# New cat seems traumatised!



## annabel1976 (Apr 29, 2014)

So, I brought home my new cat on Friday from a rescue centre and things have not gone so well since!

He is a young cat who was found wandering and taken to the cat rescue centre (so no history know). He had been there just over a week when I saw him and really liked him. 

When I met him he was a little hesitant but let my son and I stroke him and he seemed OK with this. 

So I bring him home Friday and basically I haven't seen him since!....He is in one room with all his toys, litter box and food and he has just been hiding behind the sofa since he got here. I've generally left him alone but he seems to be absolutely terrified!.....he is wedged right in the narrowest end of the sofa facing the wall and just stays in that position all day.
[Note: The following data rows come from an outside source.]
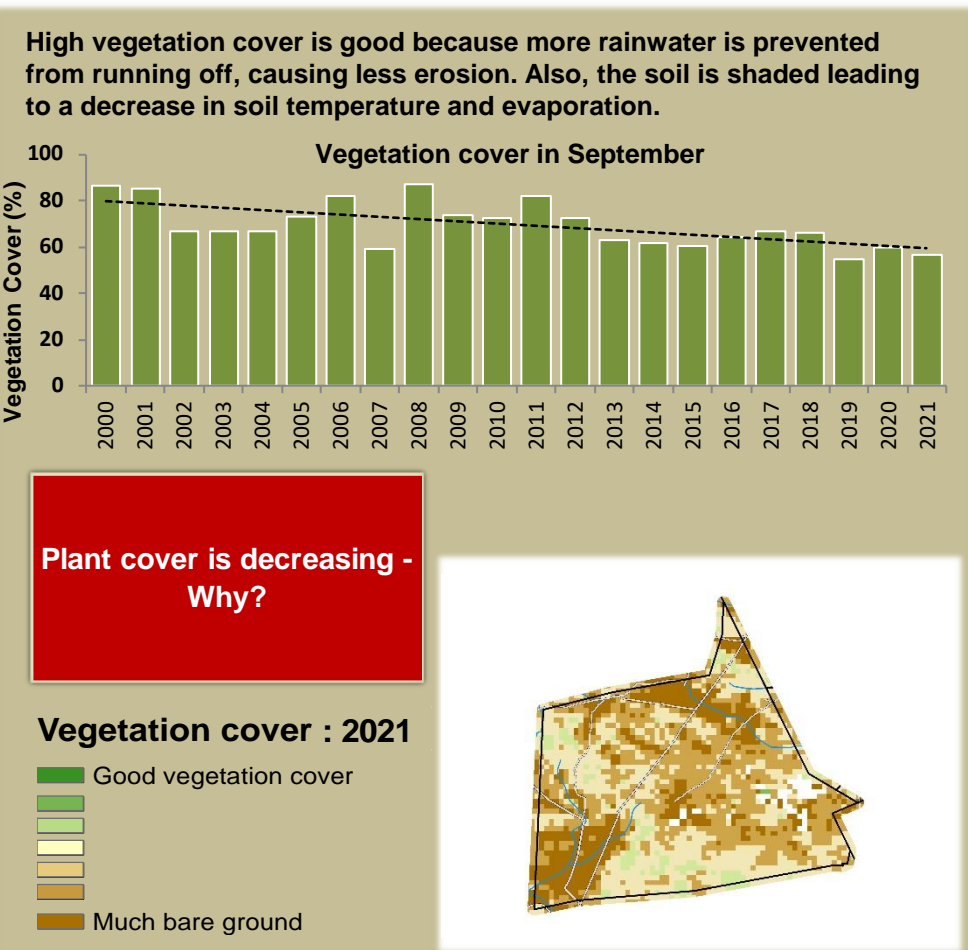

Adapting in response to the current environmental conditions ...

Seasonal trends in rainfall and vegetation (2022 / 2023 Season)

Vegetation cover trend (2000 - 2021)

Vegetation productivity (February to April) 2023

Fire management

Forage availability

Climate and vegetation patterns assist in our understanding of the status of wildlife and livestock in the conservancy for the effective management of these resources.

He comes out at night to eat (very little) and that's it!!

He has not made a sound, but seems rigid with fear and his breathing is very fast like he's panicking.

I'm wandering if he is feral and never been in a home before (he's under a year old)....I've had lots of cats in the past and never experienced this level of fear before.....any advice??


----------



## Scabbers (Jul 26, 2013)

He is in a new territory that is not his own and he is understandable scared.

What i would do is get some feliway. Its a plug in treatment for cats to help keep them calm.It lets of cat pheramones. The mothers produce this to keep kittens calm when blind and deaf. It will last about 4 weeks and may take up to a week to fill your house so dont go opening all the windows lol. Put it in the same room as him and it should work faster to fill that one room and work faster.

Another thing you could try is zylkene which you add to his food which pretty much does the same sort of thing but if he is eating little i would use the feliway.

I have found with timid cats is to not push him. Let him come out in his own time.

Goodluck!


----------



## Sherylina (Sep 17, 2012)

I wouldn't be overly concerned if you have only had him for 2 days.

It is very common for cats (even more confident ones) to not eat, drink or toilet for up to a week after arriving.

You've just got to look at it from his point of view, he has been moved to a strange environment that he has never seen before with lots of new smells, noises, people he doesn't know. He doesn't know that it is safe to come out and wander around.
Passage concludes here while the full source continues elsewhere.